- 1972 Topps baseball card
- Utility player
- Born: April 13, 1942 Memphis, Tennessee, U.S.
- Died: May 17, 2001 (aged 59) Memphis, Tennessee, U.S.
- Batted: RightThrew: Right

MLB debut
- June 17, 1969, for the Detroit Tigers

Last MLB appearance
- May 4, 1974, for the Detroit Tigers

MLB statistics
- Batting average: .256
- Home runs: 20
- Runs batted in: 65
- Stats at Baseball Reference

Teams
- Detroit Tigers (1969–1974);

= Ike Brown =

American baseball player (1942–2001)

Isaac Brown (April 13, 1942 – May 17, 2001) was an American infielder and outfielder who played professional baseball for 14 years from 1961 to 1974, including six seasons in Major League Baseball for the Detroit Tigers from 1969 through 1974. He batted and threw right-handed. Brown was the last former Negro league player to make it to the Major Leagues.

In a six-season major-league career, Brown posted a .256 batting average with 20 home runs and 65 runs batted in in 280 games played.

A native of Memphis, Tennessee, Brown was obtained by Detroit from the Negro league Kansas City Monarchs in 1961. He had originally signed with the St.

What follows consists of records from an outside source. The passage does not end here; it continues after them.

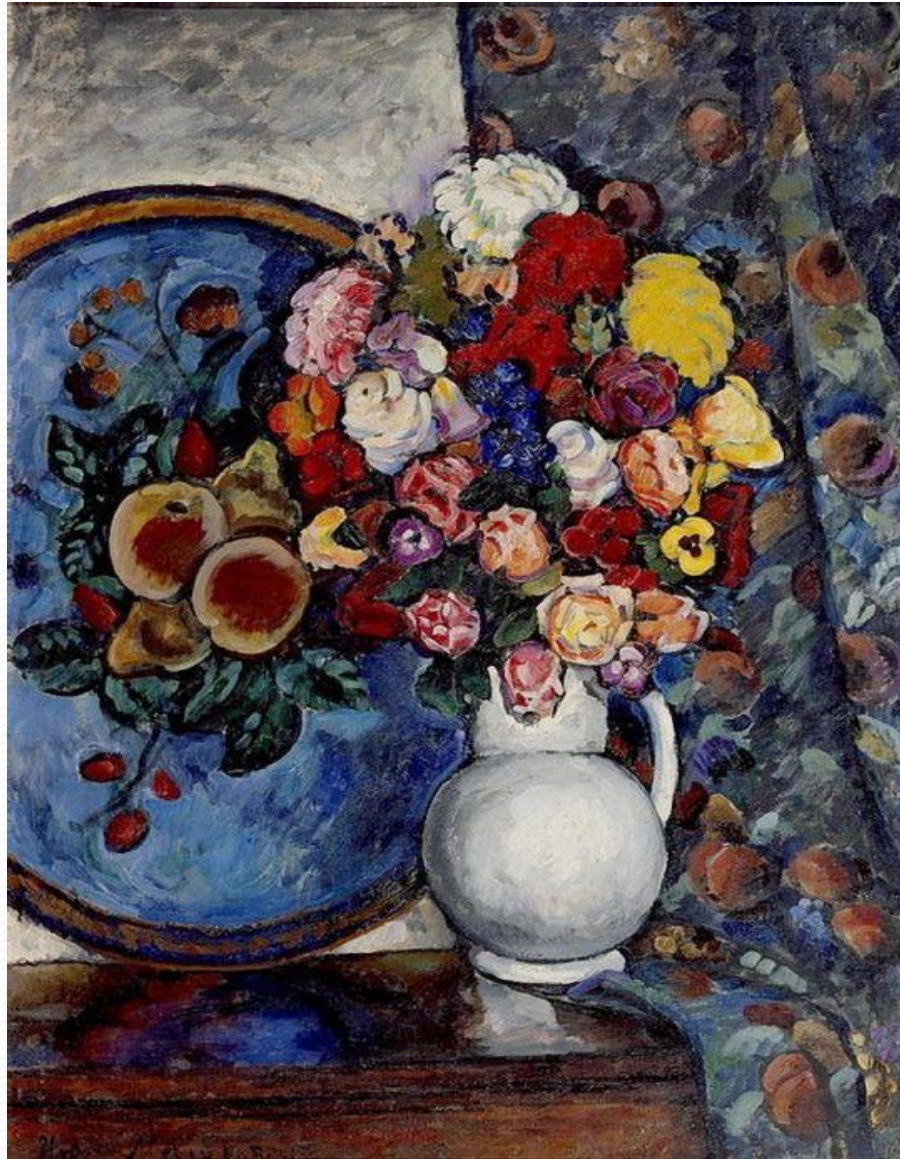

***Прекрасное в жизни  
и произведениях  
изобразительного искусства***

# Натюрморты художника Ильи Машкова

W. M. W. Turner  
1844

Илья Иванович Мухомов. НАТЮРМОРТ С САМОВАРОМ

Louis Cardinals for $800.

Brown spent eight years in the minor leagues, making it to the majors in 1969 after hitting .356 of that season for the Triple-A Toledo Mud Hens and hitting two home runs against the Tigers during an exhibition game. His first major league hit was a home run at Yankee Stadium.

In the minors, Brown once played all nine positions in a single game. Brown was often called on to pinch-hit, batting .320 in that role between 1970 and 1971. He also contributed to the Tigers American League East title in 1972, collecting a hit and two RBIs in two at-bats against the Oakland Athletics.

Although mostly a part-time player with Detroit, Brown became a popular and recognizable figure in Detroit because of his trademark glasses and unusually burly build. He was often mistakenly identified as the brother of roommate Gates Brown, to whom he bore no relation. According to Gates, Ike would wake up every morning saying, "It's a beautiful day" whether it was or not.

At the time of his retirement from the Tigers in 1974, Brown was one of the last alumni of the Negro leagues (along with Hank Aaron) still active in Major League Baseball.

Brown died from cancer in Memphis, Tennessee, at the age of 59.